In order to study the complicated interplay between temporal changes in connectivity and the underlying dynamical processes taking place on the graph, we propose a new family of graph metrics. These metrics can be tuned to quantify structural changes of the graph topology that happen at different scales.

We present fast computational algorithms to quickly compute approximations to the metrics. Results of experiments conducted on synthetic and real data suggest that this new family of metrics can identify changes in dynamic graphs and could be used to infer changes in the hidden variables that govern the evolution of such graphs.

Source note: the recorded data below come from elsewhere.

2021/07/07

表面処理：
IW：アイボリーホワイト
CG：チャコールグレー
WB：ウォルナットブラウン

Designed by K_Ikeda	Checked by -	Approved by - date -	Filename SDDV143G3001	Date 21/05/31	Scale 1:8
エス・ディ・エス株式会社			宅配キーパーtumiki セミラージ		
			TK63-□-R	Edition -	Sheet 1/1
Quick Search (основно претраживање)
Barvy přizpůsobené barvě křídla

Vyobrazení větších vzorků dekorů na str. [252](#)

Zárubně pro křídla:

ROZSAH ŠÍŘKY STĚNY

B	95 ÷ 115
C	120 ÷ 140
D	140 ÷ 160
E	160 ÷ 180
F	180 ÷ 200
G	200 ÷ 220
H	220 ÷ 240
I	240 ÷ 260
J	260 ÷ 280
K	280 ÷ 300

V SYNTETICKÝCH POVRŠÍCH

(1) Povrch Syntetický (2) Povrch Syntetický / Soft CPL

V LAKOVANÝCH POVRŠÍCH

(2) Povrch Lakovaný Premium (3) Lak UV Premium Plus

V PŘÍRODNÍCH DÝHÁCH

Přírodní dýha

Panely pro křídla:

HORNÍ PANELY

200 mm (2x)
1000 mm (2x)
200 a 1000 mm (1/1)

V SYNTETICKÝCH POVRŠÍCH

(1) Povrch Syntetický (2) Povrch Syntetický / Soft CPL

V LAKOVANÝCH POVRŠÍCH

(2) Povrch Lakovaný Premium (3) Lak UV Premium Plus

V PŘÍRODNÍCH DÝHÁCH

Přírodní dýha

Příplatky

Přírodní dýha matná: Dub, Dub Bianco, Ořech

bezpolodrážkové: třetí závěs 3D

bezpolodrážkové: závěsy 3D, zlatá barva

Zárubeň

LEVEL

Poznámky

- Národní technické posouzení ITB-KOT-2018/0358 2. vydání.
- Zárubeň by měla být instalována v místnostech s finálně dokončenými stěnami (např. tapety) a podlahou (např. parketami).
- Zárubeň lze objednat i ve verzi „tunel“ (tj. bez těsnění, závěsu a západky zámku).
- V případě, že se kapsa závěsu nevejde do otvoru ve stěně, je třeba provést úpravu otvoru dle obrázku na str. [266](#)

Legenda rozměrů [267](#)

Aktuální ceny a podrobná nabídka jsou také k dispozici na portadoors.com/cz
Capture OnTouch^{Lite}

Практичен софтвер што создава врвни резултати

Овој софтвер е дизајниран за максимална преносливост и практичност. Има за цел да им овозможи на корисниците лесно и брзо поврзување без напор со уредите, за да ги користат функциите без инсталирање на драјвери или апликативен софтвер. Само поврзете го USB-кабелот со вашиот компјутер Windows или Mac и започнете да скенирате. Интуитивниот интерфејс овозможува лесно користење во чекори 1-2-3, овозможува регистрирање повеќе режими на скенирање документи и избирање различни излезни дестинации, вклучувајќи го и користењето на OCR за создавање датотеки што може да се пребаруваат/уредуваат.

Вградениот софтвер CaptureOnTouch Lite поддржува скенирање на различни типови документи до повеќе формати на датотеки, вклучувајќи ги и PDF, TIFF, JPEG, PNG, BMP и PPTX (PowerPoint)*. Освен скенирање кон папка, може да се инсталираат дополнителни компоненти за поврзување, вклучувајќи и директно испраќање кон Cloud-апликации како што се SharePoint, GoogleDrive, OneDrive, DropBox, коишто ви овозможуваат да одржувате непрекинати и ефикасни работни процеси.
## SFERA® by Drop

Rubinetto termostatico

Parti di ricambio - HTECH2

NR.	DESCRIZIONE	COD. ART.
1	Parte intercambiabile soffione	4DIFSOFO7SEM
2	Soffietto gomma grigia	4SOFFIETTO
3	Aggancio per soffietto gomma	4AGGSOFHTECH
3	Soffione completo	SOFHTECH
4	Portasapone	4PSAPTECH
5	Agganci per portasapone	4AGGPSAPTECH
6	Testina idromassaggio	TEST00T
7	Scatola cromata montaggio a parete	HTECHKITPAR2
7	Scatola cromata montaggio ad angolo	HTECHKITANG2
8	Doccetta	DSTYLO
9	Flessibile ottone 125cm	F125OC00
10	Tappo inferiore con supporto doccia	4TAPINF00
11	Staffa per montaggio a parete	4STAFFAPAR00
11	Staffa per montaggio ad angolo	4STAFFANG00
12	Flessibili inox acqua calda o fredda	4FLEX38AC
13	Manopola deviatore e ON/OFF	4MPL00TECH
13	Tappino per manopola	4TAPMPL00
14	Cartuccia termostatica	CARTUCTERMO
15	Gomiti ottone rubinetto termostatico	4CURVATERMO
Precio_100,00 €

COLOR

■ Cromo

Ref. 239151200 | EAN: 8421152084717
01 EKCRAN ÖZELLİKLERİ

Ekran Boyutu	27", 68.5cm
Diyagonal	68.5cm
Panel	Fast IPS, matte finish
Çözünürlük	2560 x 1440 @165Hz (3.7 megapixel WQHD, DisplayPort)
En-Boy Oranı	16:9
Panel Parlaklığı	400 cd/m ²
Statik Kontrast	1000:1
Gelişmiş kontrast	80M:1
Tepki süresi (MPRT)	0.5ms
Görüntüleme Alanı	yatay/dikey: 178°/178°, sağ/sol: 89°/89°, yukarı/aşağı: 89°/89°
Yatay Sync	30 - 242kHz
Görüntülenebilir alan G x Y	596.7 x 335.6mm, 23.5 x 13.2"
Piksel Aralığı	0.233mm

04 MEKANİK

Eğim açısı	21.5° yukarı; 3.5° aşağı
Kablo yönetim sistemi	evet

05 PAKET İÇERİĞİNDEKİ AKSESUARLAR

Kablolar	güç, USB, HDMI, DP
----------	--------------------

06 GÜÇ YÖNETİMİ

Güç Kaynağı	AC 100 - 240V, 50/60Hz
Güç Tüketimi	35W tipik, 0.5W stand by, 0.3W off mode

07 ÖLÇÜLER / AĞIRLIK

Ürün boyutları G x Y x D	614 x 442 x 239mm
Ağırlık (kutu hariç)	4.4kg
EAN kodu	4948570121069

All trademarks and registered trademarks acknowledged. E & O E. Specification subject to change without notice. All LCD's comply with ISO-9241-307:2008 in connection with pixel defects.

This is work in collaboration with Dr. Nathan Monnig.

Speaker(s)

Francois Meyer

Professor, Departments of Electrical Engineering and Applied Mathematics, University of Colorado, Boulder

Francois Meyer graduated with Honors from Ecole Nationale Superieure d'Informatique et de Mathematiques Appliquees, Grenoble, in 1987, with a MS in applied mathematics. He received a PhD degree in electrical engineering from INRIA, France, in 1993. Meyer worked on the thermonuclear fusion program of the French Nuclear Energy Agency during his military service.
 
Meyer is currently a professor with the Departments of Electrical Engineering and Applied Mathematics at the University of Colorado, Boulder. He was previously an assistant professor at Yale University (1997–1999), a visiting professor at the Institute Henri Poincare (Paris), a senior fellow at the Institute of Pure and Applied Mathematics at (UCLA, 2004), a visiting research scholar at Princeton University (2007), and a visiting scholar at the Institute for Computational and Experimental Research in Mathematics at Brown University (2014).

Francois Meyer's research group works on the development of statistical and computational methods to represent, filter, and analyze data in order to detect interesting patterns and make inferences from large and noisy datasets.